Tard dans la nuit, après 3 heures de hausse continue, les acclamations se sont soudainement arrêtées
Source : Cercle d'intelligence de Wall Street
Hier soir, le marché a choisi de faire confiance aux données ; dans les prochains jours, il devra répondre à une autre question : va-t-il à nouveau croire aux prix du pétrole.
Les marchés financiers accueillent à nouveau des applaudissements :
- Les actions américaines ont toutes augmenté, l’indice Dow Jones a grimpé de 0,02 %, le S&P 500 de 0,38 %, et le Nasdaq de 0,9 % ;
- Les prix de l’or ont rebondi, atteignant brièvement 4100 dollars en séance, mais clôturant finalement à 4050 ;
- L'indice du dollar américain a fortement chuté en séance, mais a récupéré près de la moitié de ses pertes en fin de journée ;
- Les prix du pétrole continuent d’augmenter, le brut américain atteignant le seuil de 80 dollars ;
- Les obligations américaines rebondissent, le rendement des obligations américaines à 10 ans passant sous le niveau de 4,60 %, clôturant à 4,58 %.
Premièrement, le marché présente à nouveau le schéma classique « baisse du dollar, tout monte » ; il est évident que le marché trade l’anticipation d’une diminution des hausses de taux, la probabilité de hausse en juillet étant tombée à 16 %. Le dollar passe sous le niveau 101, le rendement des obligations américaines à 10 ans descend sous 4,60 %, l’alerte baisse d’un niveau – car les deux s'éloignent d’une confirmation d’un retournement de tendance.
Deuxièmement, les données CPI américaines de juin sont parues – elles sont toutes inférieures aux anticipations du marché, même l’inflation sous-jacente a surprise par sa faiblesse – c’est la donnée d’inflation la plus satisfaisante depuis plusieurs mois, mais le marché n’a pas montré le même enthousiasme. La hausse des actions américaines ne correspond pas à la qualité de ces chiffres, le Dow Jones a à peine progressé, et le Nasdaq moins de 1 %.
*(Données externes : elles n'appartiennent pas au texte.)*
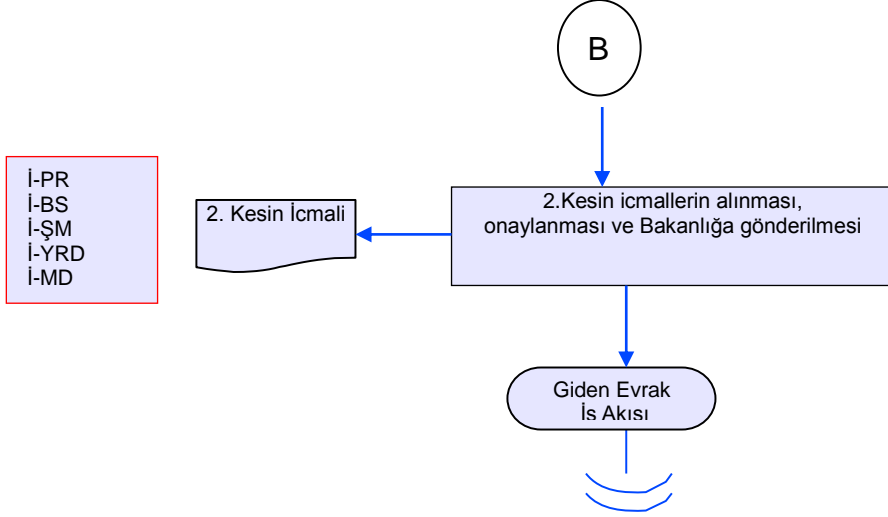

İŞ AKIŞ ŞEMASI

BİRİM : KOORDİNASYON VE TARIMSAL VERİLER ŞUBE MÜDÜRLÜĞÜ

ŞEMA NO : GTHB.08.İLM.İKS/KYS.AKŞ.04/02

ŞEMA ADI : TARIMSAL YAYIM VE DANIŞMANLIK DESTEKLENMESİ

i-PR
i-BS
i-ŞM
i-YRD
i-MD

Hazırlayan:		Onaylayan: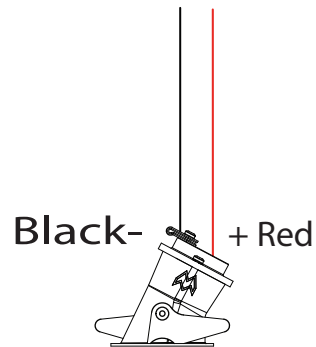

Smart ASY LOTIS 48 LED GE

Lamptype:LED

128900XX_128901XX_128902XX

1

Ø44mm
(gips/gypsum/gypse/gips/yeso/gesso/rinc)
Ø46mm
(hout/wood/bois/Holz/madera/legno/древесины)

2

350mA - min 2,5Vf - max 3Vf - 0,95W
500mA - min 2,5Vf - max 3Vf - 1,38W

Un autre détail mérite d’être noté – gold a atteint un pic puis reculé, montant jusqu’à 4100 dollars puis clôturant à 4050 dollars – après l’annonce du CPI, le prix de l’or a augmenté pendant trois heures, puis a reculé. Les marchés ne sont pas aveuglément optimistes ; d'une part, la détérioration récente de la situation au Moyen-Orient rend les chiffres de juin moins pertinents ; d’autre part, les discours de la présidente de la Fed, Walsh, hier soir n’ont rien de « dovish », la probabilité de hausse des taux en septembre reste proche de 60 %.
De nombreux médias se trompent facilement et diront : « Le CPI refroidit, la Fed est rassurée. »
En réalité, ce n’est pas le cas. Walsh a encore souligné aujourd’hui : Inflation is a choice (L’inflation n’est pas une fatalité, c’est un choix politique).
Troisièmement, le plus grand changement du mardi, ce n’est pas la hausse ou la baisse d’un seul asset, mais le retour du marché à la « fixation des prix par les données », où les chiffres redeviennent la « première variable explicative » du marché.
Dans les prochains jours, il faudra observer attentivement trois variables :
Si le prix du pétrole peut vraiment se maintenir au-dessus de 80 dollars, et si le risque énergétique continue de se transférer à l’inflation ;
Si le rendement des obligations américaines à 10 ans remonte au-dessus de 4,6 %, pour vérifier si le marché obligataire a modifié son jugement ;
Si l’indice du dollar américain met fin à sa correction pour reprendre sa force.
Si les trois variables montent en même temps, l’optimisme apporté par le CPI pourrait n’être qu’un bref répit ; si elles évoluent de façon divergente, le marché pourrait continuer à fonctionner selon le thème « inflation en baisse, reprise de l’appétit pour le risque ».
Hier soir n’a pas marqué une fin, mais le choix d’une nouvelle direction.